Read through the data and report every line in which the word "mounted" occurs.

* Data extract
================================
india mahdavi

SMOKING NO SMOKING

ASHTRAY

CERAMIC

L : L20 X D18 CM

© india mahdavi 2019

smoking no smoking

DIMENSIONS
================================
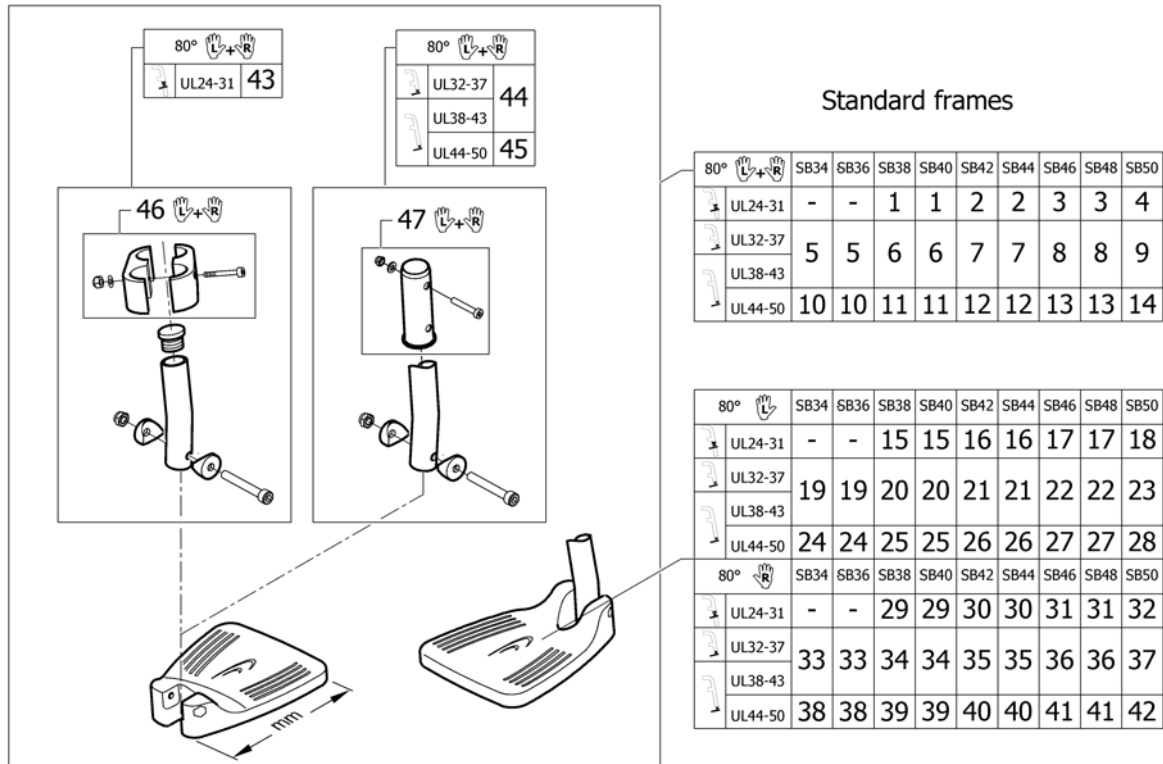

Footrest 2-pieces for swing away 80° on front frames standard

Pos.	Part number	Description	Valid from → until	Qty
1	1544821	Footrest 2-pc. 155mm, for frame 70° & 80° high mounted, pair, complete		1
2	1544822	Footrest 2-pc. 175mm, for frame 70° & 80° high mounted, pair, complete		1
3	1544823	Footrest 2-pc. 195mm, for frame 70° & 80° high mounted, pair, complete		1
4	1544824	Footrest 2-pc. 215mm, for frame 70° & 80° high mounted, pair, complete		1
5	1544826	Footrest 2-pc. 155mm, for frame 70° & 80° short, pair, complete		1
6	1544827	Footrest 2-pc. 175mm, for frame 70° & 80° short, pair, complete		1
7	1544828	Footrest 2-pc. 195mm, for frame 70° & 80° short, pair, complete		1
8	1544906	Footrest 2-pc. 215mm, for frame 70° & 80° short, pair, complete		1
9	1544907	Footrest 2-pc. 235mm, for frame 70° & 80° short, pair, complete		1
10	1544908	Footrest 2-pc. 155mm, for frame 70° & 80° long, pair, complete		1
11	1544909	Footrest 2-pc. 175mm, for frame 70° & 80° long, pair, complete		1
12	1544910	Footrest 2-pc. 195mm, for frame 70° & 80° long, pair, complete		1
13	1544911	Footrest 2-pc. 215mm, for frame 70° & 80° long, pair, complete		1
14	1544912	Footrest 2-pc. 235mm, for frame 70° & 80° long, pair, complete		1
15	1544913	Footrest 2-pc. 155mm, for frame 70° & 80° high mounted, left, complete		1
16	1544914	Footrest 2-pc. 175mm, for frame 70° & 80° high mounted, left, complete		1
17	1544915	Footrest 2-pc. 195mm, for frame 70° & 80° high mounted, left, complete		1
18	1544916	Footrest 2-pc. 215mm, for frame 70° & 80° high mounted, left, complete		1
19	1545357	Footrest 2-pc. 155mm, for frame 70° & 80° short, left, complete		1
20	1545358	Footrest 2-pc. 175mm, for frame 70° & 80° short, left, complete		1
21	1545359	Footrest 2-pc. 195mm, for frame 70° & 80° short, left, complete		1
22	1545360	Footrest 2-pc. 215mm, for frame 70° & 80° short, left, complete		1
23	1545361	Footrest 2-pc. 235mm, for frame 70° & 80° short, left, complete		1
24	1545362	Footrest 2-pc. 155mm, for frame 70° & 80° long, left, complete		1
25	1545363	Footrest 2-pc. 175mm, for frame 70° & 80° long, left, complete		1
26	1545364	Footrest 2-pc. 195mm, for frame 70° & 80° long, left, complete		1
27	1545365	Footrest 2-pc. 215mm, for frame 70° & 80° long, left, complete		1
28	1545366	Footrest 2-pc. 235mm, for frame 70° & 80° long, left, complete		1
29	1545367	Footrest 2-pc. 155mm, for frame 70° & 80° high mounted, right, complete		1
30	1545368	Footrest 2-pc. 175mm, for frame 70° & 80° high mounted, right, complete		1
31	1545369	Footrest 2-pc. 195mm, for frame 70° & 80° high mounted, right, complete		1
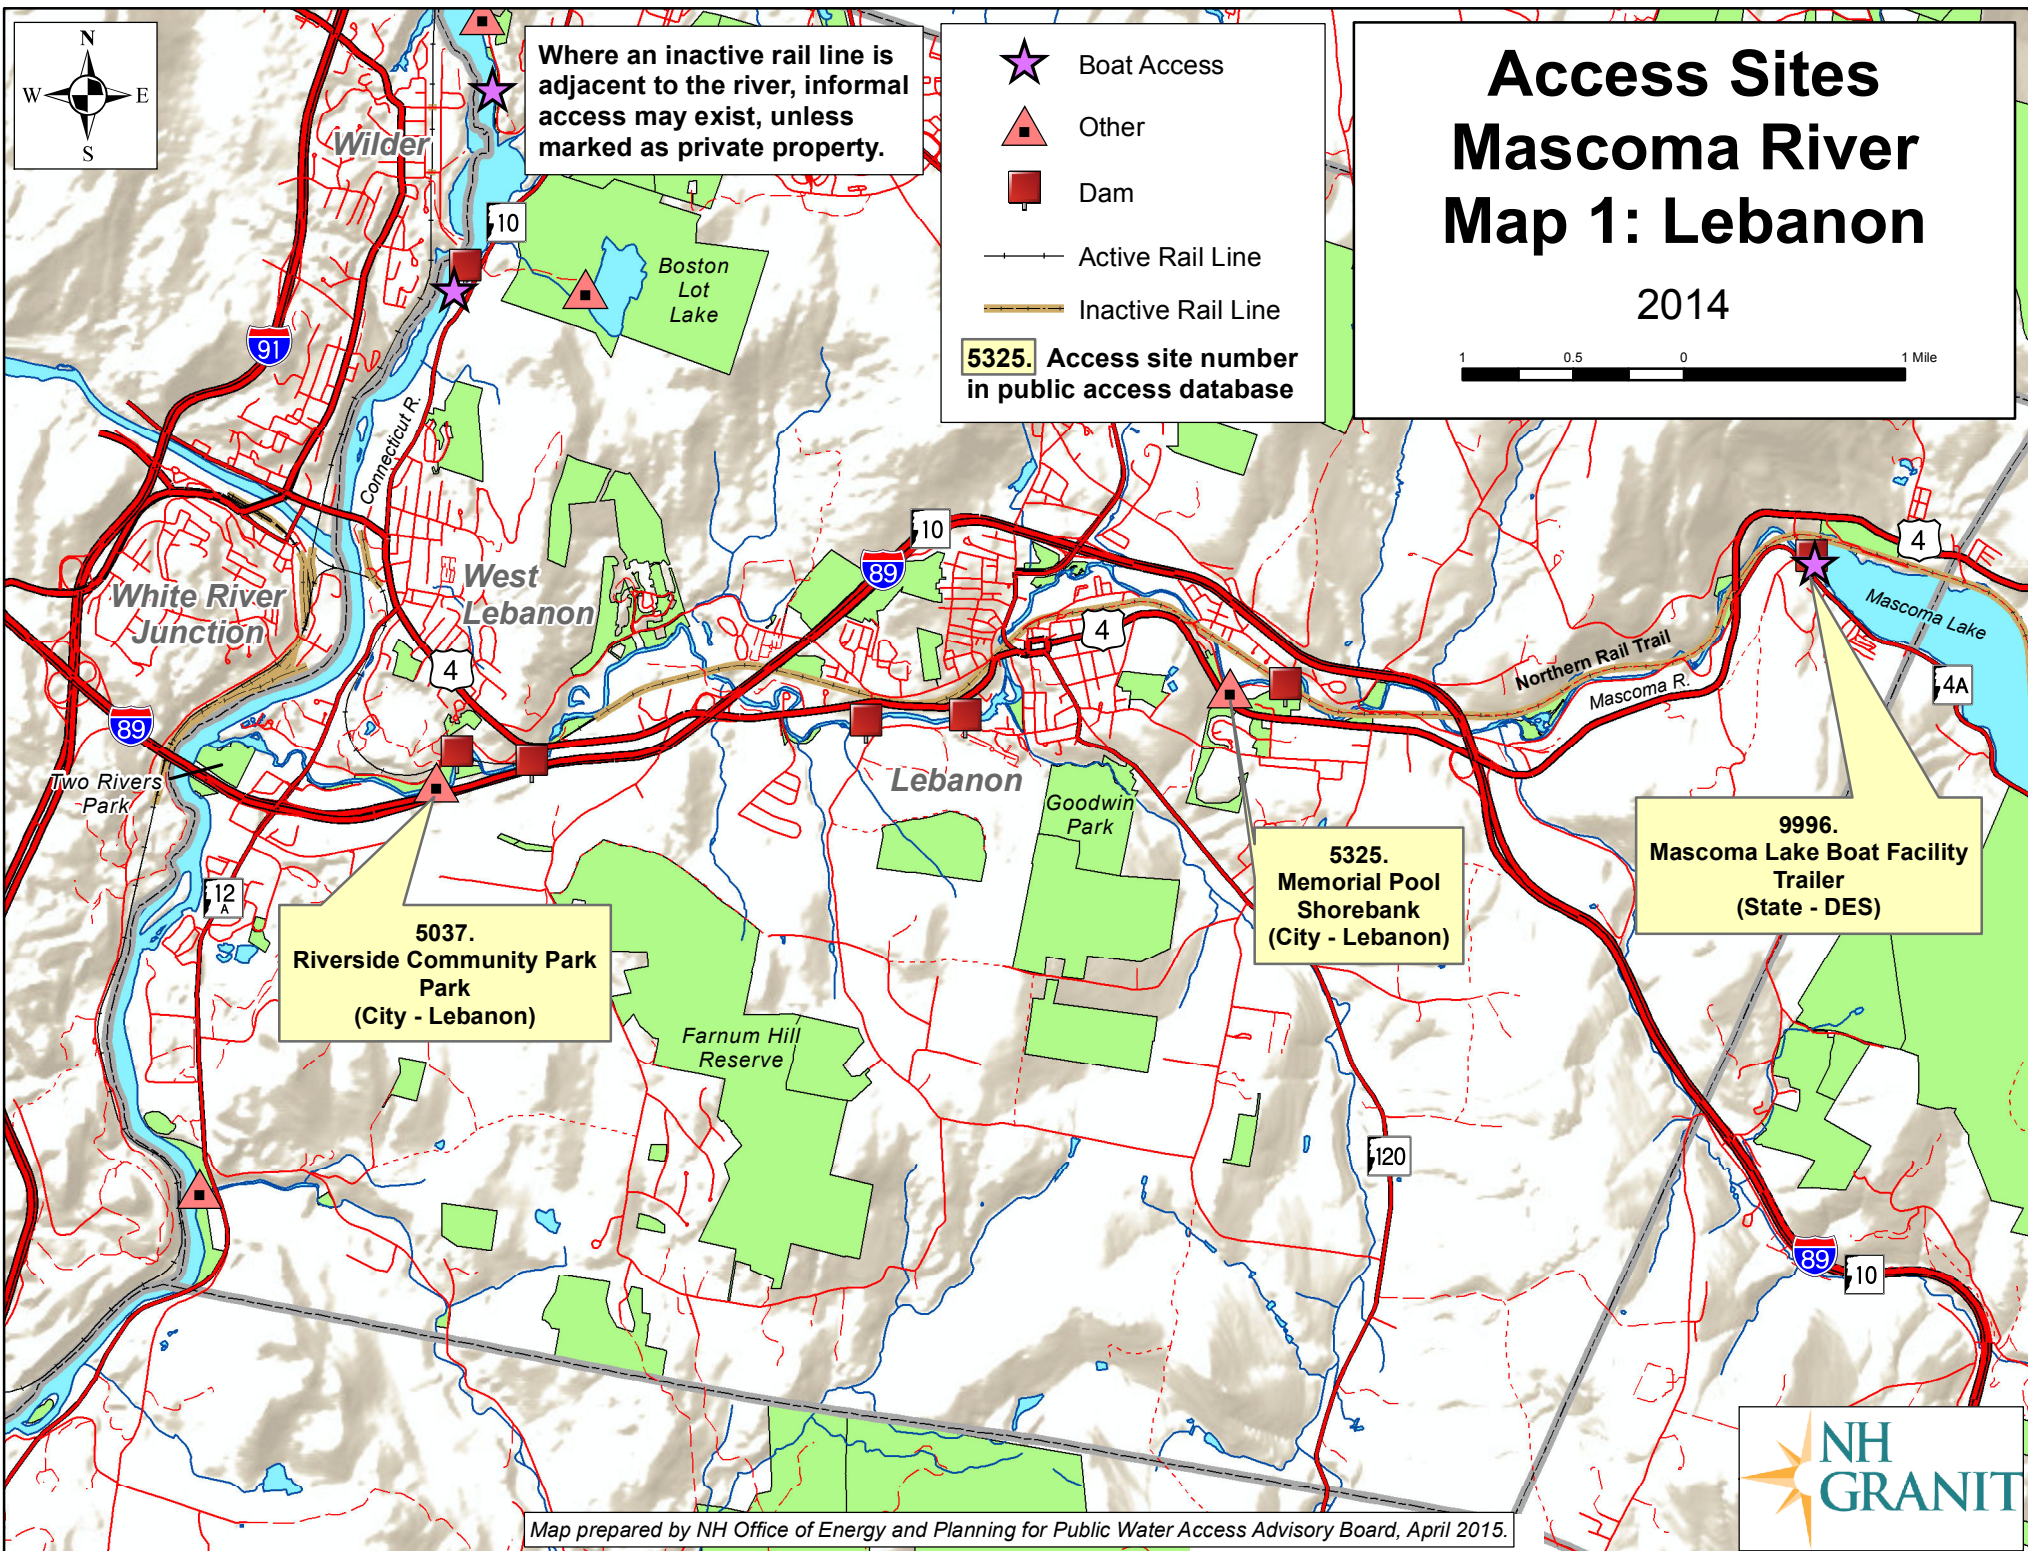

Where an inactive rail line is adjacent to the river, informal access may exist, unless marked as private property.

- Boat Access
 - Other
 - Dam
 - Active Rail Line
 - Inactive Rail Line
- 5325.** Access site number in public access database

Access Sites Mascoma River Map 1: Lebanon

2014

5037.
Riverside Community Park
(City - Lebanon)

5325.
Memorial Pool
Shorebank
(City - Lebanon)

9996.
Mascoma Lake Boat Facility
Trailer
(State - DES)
================================
* Answer box
1	1544821	Footrest 2-pc. 155mm, for frame 70° & 80° high mounted, pair, complete		1
2	1544822	Footrest 2-pc. 175mm, for frame 70° & 80° high mounted, pair, complete		1
3	1544823	Footrest 2-pc. 195mm, for frame 70° & 80° high mounted, pair, complete		1
4	1544824	Footrest 2-pc. 215mm, for frame 70° & 80° high mounted, pair, complete		1
15	1544913	Footrest 2-pc. 155mm, for frame 70° & 80° high mounted, left, complete		1
16	1544914	Footrest 2-pc. 175mm, for frame 70° & 80° high mounted, left, complete		1
17	1544915	Footrest 2-pc. 195mm, for frame 70° & 80° high mounted, left, complete		1
18	1544916	Footrest 2-pc. 215mm, for frame 70° & 80° high mounted, left, complete		1
29	1545367	Footrest 2-pc. 155mm, for frame 70° & 80° high mounted, right, complete		1
30	1545368	Footrest 2-pc. 175mm, for frame 70° & 80° high mounted, right, complete		1
31	1545369	Footrest 2-pc. 195mm, for frame 70° & 80° high mounted, right, complete		1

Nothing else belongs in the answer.